### [Task goal]
Each line below must be set down exactly; omit any image you find.

[Supplied material — start]

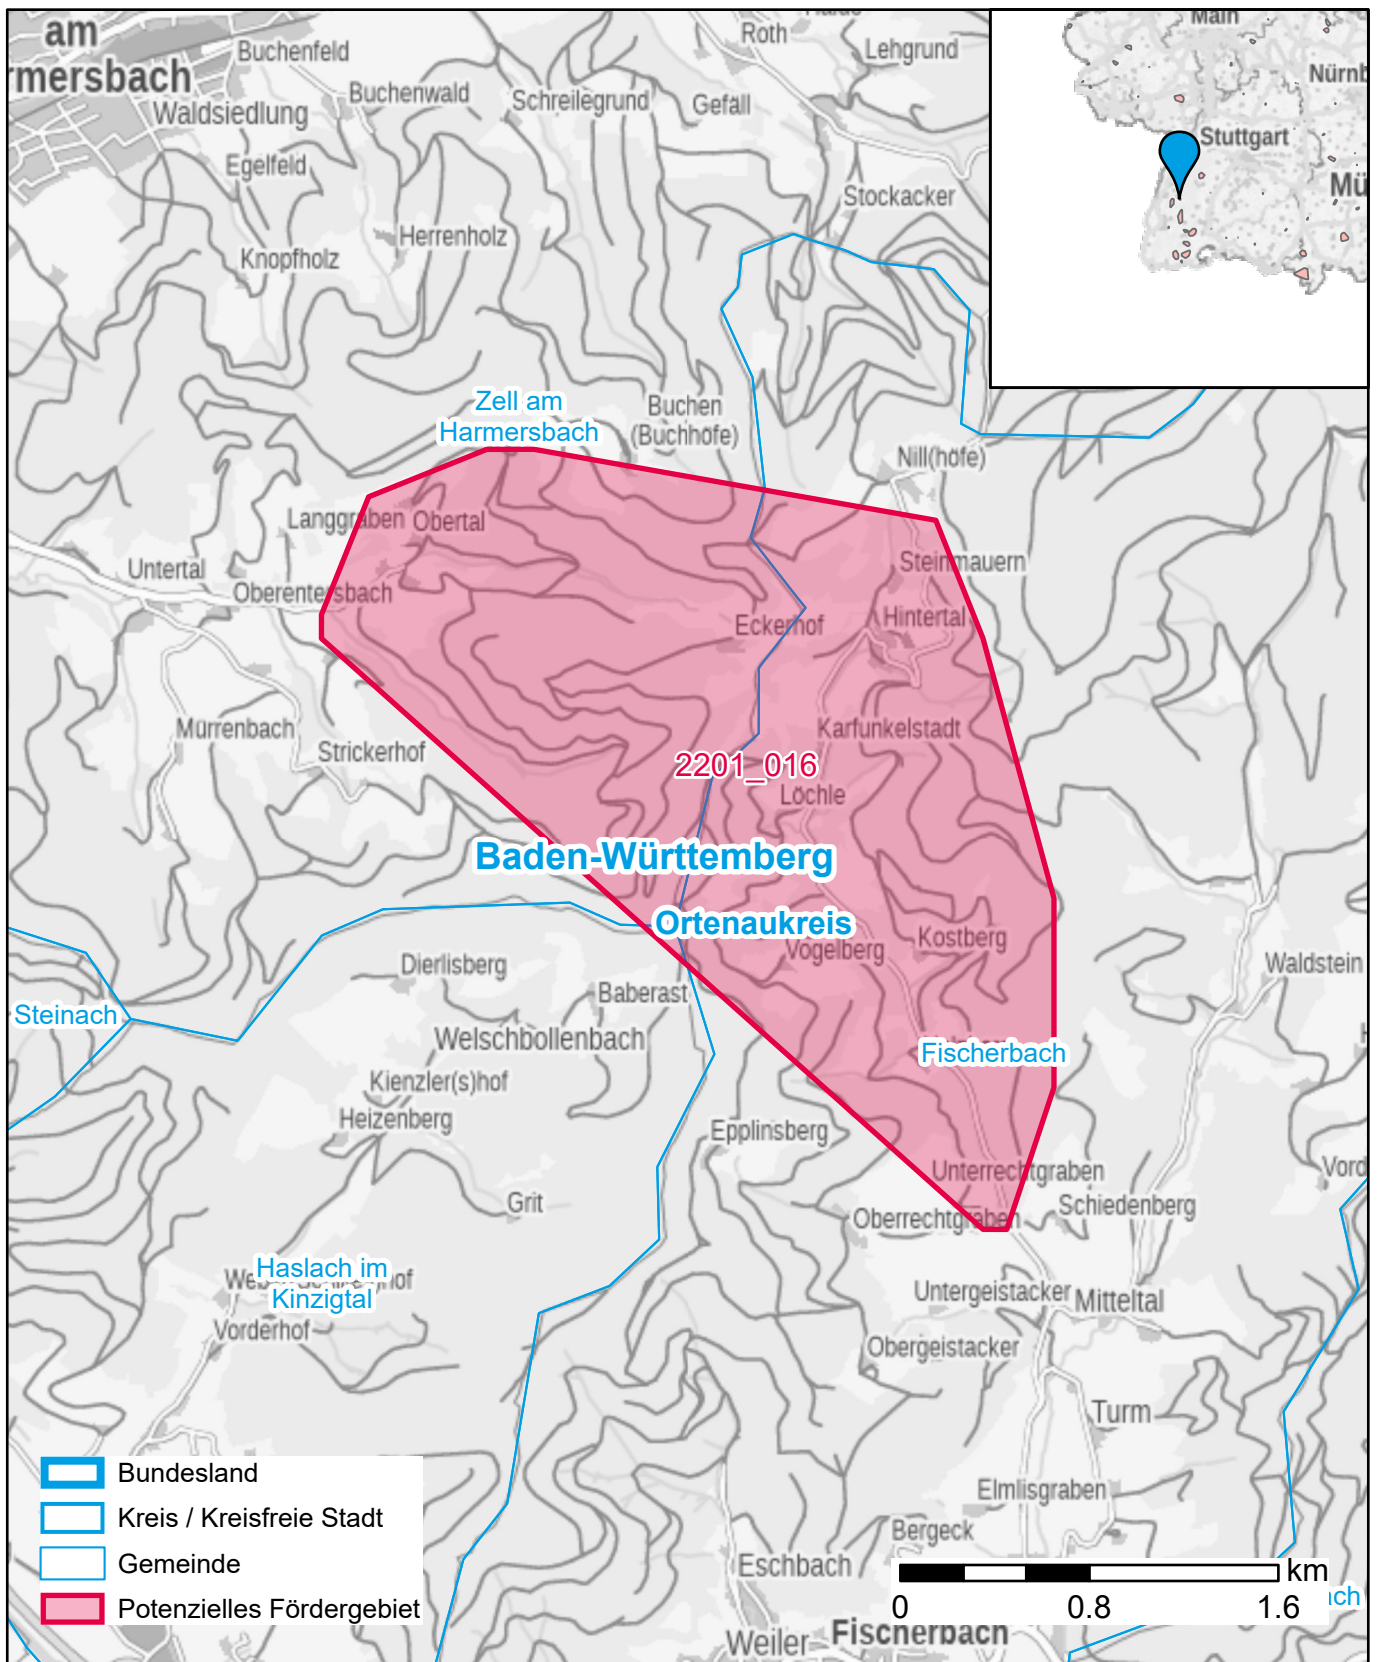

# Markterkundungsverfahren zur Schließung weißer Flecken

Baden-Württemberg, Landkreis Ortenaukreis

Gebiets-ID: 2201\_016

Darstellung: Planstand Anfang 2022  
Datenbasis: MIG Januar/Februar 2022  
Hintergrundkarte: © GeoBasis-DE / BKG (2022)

[Supplied material — finish]

### [Task result]
# Markterkundungsverfahren zur Schließung weißer Flecken

Baden-Württemberg, Landkreis Ortenaukreis

Gebiets-ID: 2201\_016

Darstellung: Planstand Anfang 2022  
Datenbasis: MIG Januar/Februar 2022  
Hintergrundkarte: © GeoBasis-DE / BKG (2022)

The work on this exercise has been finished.